As mentioned in the previous sections careful consideration must be taken to ensure that the on demand scan runs at a time that does not conflict or overlap with other system related tasks. Usually on demand scan can be configured for a maximum scan period after which time the ODS will forcefully end. Keep in mind however that the scan might be stopped before it inspected all data potentially leaving malicious code undiscovered.
The picture below illustrates the effect of a default – unmethodical – antivirus configuration. The tasks which are scheduled to be carried out during the allocated maintenance window start as soon as the maintenance window starts. While this might not have a negative impact on the overall service (as it is happening during maintenance period) it is certainly far from ideal.
The result of this setup would be random consumption spikes as agents on the shared infrastructure start their ODS task. This might trigger monitoring thresholds and raises (debatably false) alarms incurring unnecessary investigation work for support teams and/or dulling awareness to real alerts. Due to the overlap in pattern update and ODS some agents might scan with out-dated pattern files also reducing the effectiveness of the scan.

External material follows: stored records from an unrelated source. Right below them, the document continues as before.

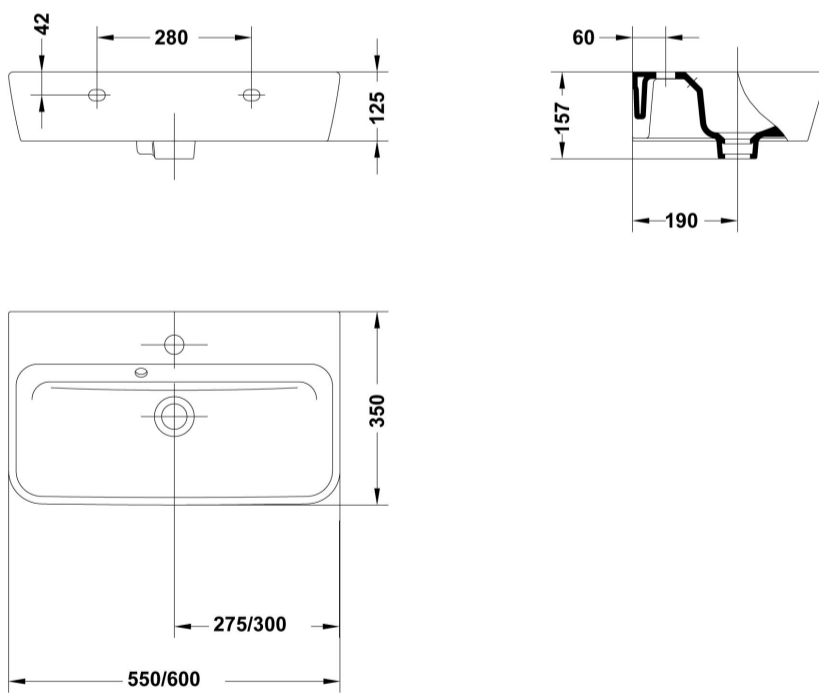

INFORMACIÓN DE PRODUCTO

Características

Lavabo de 55 x 35 cm. compact con juego de fijación. / 14 kg. / 24 unidades palet. Posibilidad de instalación con pedestal, semipedestal, mural o sobre-encimera. Combinable con muebles Emma.

COMPLEMENTOS

SUGERENCIAS

AMBIENTE

DIBUJOS TÉCNICOS

DESCARGAS

2D

	85.29 KB		Lavabo Compact 55x35 cm. - Técnico (.AI)
	63.85 KB		Lavabo Compact 55x35 cm. - Técnico (.DWG)
	443.63 KB		Lavabo Compact 55x35 cm. - Técnico (.DXF)
	95.54 KB		Lavabo Compact 55x35 cm. - Técnico (.PDF)
	31.15 KB		Lavabo Compact 55x35 cm. - Alzado (.DWG)
	27.95 KB		Lavabo Compact 55x35 cm. - Alzado (.DXF)
	31.25 KB		Lavabo Compact 55x35 cm. - Lateral (.DWG)
	28.25 KB		Lavabo Compact 55x35 cm. - Lateral (.DXF)
	35.02 KB		Lavabo Compact 55x35 cm. - Planta (.DWG)
	41.12 KB		Lavabo Compact 55x35 cm. - Planta (.DXF)
	31.56 KB		Lavabo Compact 55x35 cm. - Alzado (.DWG)
	28.62 KB		Lavabo Compact 55x35 cm. - Alzado (.DXF)
	31.3 KB		Lavabo Compact 55x35 cm. - Lateral (.DWG)
	28.32 KB		Lavabo Compact 55x35 cm. - Lateral (.DXF)
	35.03 KB		Lavabo Compact 55x35 cm. - Planta (.DWG)
	41.12 KB		Lavabo Compact 55x35 cm. - Planta (.DXF)
	31.76 KB		Lavabo Compact 55x35 cm. - Alzado (.DWG)
	29.8 KB		Lavabo Compact 55x35 cm. - Alzado (.DXF)
	31.61 KB		Lavabo Compact 55x35 cm. - Lateral (.DWG)
	29.46 KB		Lavabo Compact 55x35 cm. - Lateral (.DXF)
	35.13 KB		Lavabo Compact 55x35 cm. - Planta (.DWG)
	41.43 KB		Lavabo Compact 55x35 cm. - Planta (.DXF)

3D

	517.87 KB		Lavabo Compact 55x35 cm. - 3D (.DWG)
---	-----------	---	--------------------------------------

bimobject

	ArchiCAD	
	Revit

The setup illustrated below is preferable as it will ensure the shared resources are utilized in a more controlled pattern avoiding spikes in consumption as much as possible.
While there might be some overlaps of start/end times of ODS between the groups the overall resource consumption will be more evenly spread out. The asset owner will have to review and decide how their assets can be set up in logical groups and define the various scan times of all groups.